The constant barrage of rain has come at the chagrin of a lot of Alaskans in Southcentral this summer.
But Jenni Trissel, of Homer, said it’s been awesome for Alaskans harvesting berries and mushrooms.
“It’s been great. The ferns are happier. The trees are happier,” she said. “Everything has been soaking it up this year in the wild.”
Trissel has been foraging since her family moved to Alaska when she was a teenager. She said it’s something that’s brought her a lot of joy — especially at times when she struggled to make ends meet.
“I fell in love with the fact that I had resources at my hands, no matter what my circumstances were,” she said.
Today, she incorporates her wild harvests into her soaps, salves and teas as Kachemak Naturals — formerly called Sip & Soak, when she lived in Sterling and founded the company five years ago.
This year was Trissel’s first teaching foraging classes.
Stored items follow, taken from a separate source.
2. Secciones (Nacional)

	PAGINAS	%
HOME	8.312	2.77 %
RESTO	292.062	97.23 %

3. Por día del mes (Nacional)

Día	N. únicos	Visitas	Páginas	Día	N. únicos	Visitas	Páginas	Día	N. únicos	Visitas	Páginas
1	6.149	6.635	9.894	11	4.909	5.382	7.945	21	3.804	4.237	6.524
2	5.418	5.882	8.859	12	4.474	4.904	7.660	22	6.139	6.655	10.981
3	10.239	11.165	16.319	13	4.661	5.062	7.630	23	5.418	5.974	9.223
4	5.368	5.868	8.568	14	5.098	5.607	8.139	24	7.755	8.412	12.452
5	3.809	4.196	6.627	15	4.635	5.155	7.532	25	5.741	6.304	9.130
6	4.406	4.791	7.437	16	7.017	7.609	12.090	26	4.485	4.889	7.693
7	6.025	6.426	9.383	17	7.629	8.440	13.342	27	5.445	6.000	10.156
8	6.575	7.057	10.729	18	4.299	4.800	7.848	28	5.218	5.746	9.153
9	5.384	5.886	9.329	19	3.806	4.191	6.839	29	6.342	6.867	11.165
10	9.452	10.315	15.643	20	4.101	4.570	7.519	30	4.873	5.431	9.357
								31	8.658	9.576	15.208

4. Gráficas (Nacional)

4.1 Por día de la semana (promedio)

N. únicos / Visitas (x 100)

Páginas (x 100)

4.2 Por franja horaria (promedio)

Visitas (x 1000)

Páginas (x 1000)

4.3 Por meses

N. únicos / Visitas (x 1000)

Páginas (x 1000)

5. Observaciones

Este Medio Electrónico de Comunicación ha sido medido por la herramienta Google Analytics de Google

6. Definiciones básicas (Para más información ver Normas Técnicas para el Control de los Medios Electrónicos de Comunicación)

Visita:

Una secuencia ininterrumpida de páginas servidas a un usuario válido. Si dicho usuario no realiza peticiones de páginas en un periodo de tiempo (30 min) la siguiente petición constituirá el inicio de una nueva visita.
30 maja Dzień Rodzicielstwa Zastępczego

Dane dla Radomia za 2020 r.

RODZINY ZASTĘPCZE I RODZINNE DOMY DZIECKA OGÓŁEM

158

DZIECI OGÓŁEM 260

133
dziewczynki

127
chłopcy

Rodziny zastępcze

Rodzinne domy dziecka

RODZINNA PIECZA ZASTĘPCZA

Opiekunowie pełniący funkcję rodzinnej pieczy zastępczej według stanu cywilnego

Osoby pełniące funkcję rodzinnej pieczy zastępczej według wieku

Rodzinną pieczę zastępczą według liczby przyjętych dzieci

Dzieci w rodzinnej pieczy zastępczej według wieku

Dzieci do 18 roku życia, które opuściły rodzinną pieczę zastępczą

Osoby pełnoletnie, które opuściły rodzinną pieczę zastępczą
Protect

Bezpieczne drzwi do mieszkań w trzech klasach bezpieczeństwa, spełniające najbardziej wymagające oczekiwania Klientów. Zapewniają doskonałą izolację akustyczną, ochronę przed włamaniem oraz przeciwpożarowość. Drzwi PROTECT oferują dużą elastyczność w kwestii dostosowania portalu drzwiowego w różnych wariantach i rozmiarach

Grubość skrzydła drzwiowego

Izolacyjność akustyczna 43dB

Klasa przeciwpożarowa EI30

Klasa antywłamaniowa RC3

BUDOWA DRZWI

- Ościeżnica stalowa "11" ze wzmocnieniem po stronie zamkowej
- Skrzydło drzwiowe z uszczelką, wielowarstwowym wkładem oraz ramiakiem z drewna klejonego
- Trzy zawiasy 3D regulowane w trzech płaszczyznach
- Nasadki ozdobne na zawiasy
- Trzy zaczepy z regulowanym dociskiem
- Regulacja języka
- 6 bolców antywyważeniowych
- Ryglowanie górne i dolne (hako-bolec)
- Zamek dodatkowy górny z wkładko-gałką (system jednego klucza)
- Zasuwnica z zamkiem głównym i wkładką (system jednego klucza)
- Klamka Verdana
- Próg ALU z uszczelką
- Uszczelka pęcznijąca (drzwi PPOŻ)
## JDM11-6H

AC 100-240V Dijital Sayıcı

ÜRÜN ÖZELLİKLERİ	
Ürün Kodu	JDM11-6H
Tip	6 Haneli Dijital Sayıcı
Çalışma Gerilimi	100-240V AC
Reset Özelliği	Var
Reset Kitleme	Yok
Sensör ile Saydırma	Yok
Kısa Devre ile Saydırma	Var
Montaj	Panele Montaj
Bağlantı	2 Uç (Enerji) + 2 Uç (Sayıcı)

She said she saw a mismatch between the food insecurity in Alaska and the bounty the state has to offer.
“If we’re able to bring it back down to that simple, basic level, there’s no reason for there to be as much food insecurity in this state as we have,” Trissel said.
She’s already wrapped up her last classes of the summer. But she said there’s still plenty to harvest on the Kenai Peninsula come fall.
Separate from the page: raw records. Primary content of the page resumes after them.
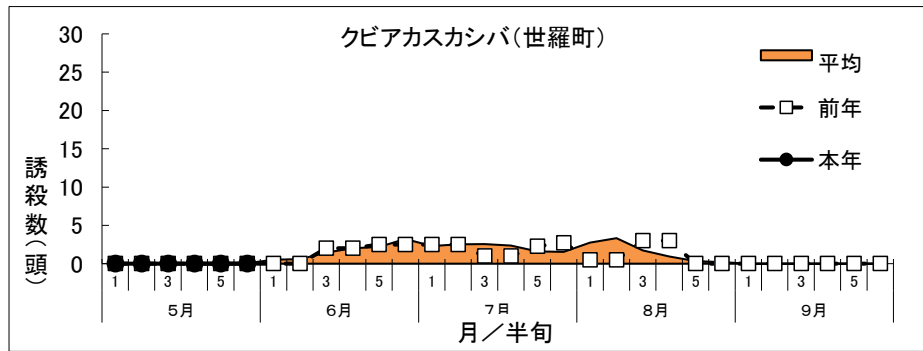

# 令和8年度 フェロモントラップ等調査結果

#### (1) グラフ

(2) 調査データ

地帯区分		中東部			中東部			中東部		
設置場所		神石高原町(油木地区)			世羅町(安田地区)			三次市東酒屋町		
周辺作物		ぶどう			ぶどう			ぶどう		
月	半旬	本年	平均 (7年)	前年	本年	平均	前年	本年	平均	前年
5月	1	0	0	0	0	0	0	0	0	0
	2	0	0	0	0	0	0	0	0	0
	3	0	0	0	0	0	0	0	0	0
	4	0	0	0	0	0	0	0	0.4	0
	5	0	0	0	0	0.1	0	0	0.2	0
	6	0	0	0	0	0.1	0	0	1.0	0
6月	1		0.1	0		0.5	0		0.6	0
	2		1.2	3.1		0.6	0		2.8	0
	3		3.9	7.9		1.5	2.0		2.0	0
	4		6.1	9.3		2.0	2.0		4.2	9.0
	5		8.5	16.6		2.2	2.5		9.6	8.0
	6		9.0	22.1		3.2	2.5		3.9	12.0
7月	1		13.1	25.0		2.3	2.5		5.9	15.0
	2		16.7	31.9		2.5	2.5		6.2	9.0
	3		14.0	30.1		2.5	1.0		8.0	5.0
	4		11.6	25.0		2.3	1.0		9.1	8.0
	5		10.5	20.0		1.6	2.3		5.2	9.0
	6		11.4	25.1		1.5	2.7		6.9	4.0
8月	1		8.5	21.4		2.8	0.5		4.0	4.0
	2		6.1	21.4		3.3	0.5		3.2	4.0
	3		3.9	11.4		1.7	3.0		2.4	3.0
	4		1.8	7.1		0.9	3.0		0.3	0
	5		0.9	3.4		0.3	0		0.6	0
	6		0.5	0		0.2	0		0	0
9月	1		0.1	0		0	0		0	0
	2		0	0		0	0		0	0
	3		0	0		0	0		0	0
	4		0	0		0	0		0	0
	5		0	0		0	0		0	0
	6		0	0		0	0		0	0
		0	127.9	281.0	0	32.2	28.0	0	76.6	90.0

“Even come this time of year, when everything looks like it’s dying, we have berries,” Trissel said. “We have high-bush cranberries, we have rosehips. We have lingonberries and we have crowberries.”
Many berries become sweeter after the first frost.
Trissel said the best place to search for high-bush cranberries is among old-growth birch. Right now, their leaves are bright red and are easier to spot.
Low-bush cranberries, or lingonberries, prefer acidic soils, in deeper mosses around spruce trees.
“And they make the most beautiful Thanksgiving cranberry sauce ever. I haven’t bought cranberry sauce in so many years,” Trissel said.
Crowberries often grow near lingonberries and can be found in larger patches up high, like in Turnagain Pass, Trissel said. She said some berry leaves also make good teas, as do barks, like cramp bark — found on high-bush plants.
“We can honestly even find greens this time of year, especially around maintained lawns and such because things regrow more often,” Trissel said. ‘You can harvest your dandelion greens and your plantain greens and blanch them and freeze them just like you would a spinach.”
Trissel said she’s also been picking pounds of mushrooms, like late-season oyster mushrooms and turkey tails.
Turkey tails grow on decomposing trees, like dead birch, and have immune-boosting properties. Trissel dries hers and uses them in teas, as well.
She does a lot of dehydrating.
“When it comes to foods, you want to use a dehydrator because our lovely, moist summer — especially this year — contributes to molds and other issues,” Trissel said.
Trissel’s pantry is full of dehydrated mushrooms. She uses a dehydrator but she said you can also use an oven, turned to a low setting over the course of several hours.
She also cans a lot of her harvest. She’ll freeze berries and rhubarb now and then can the plants later on, when the busy season has wound down, for use in syrups or jellies
Freezing fruit can add flavor.
“The freezer will sweeten things up for you,” Trissel said.
And the harvest doesn’t stop when the cold sets in. Some medicinal plants like chaga mushrooms and usnea are ideally plucked in the winter. And springtime is best for fiddlehead ferns and fireweed shoots.
Tia Holley with Indigenous Herbals said local barks can be repurposed, too. Wormwood can be found on the shoreline, along the beach in Nikiski. She said people will dry it and use it in teas, or turn it into salves, like she does.
She said there are also over 20 types of willow bark in the area. Willow can be used to reduce inflammation and treat pain.
Regardless of the harvest, and of the season, Trissel said she tries to take no more than a third of what she finds.
“That way, it stays sustainable,” she said. “And you can always go back and have a healthy patch every year.”
The University of Alaska Fairbanks Cooperative Extension Service also has pamphlets on foraging available on its website, here.
Tanaina Plantlore by Prescilla Russell Kari also catalogs the ways in which Dena’ina people have been foraging in the area for generations. A free copy of that book is available online.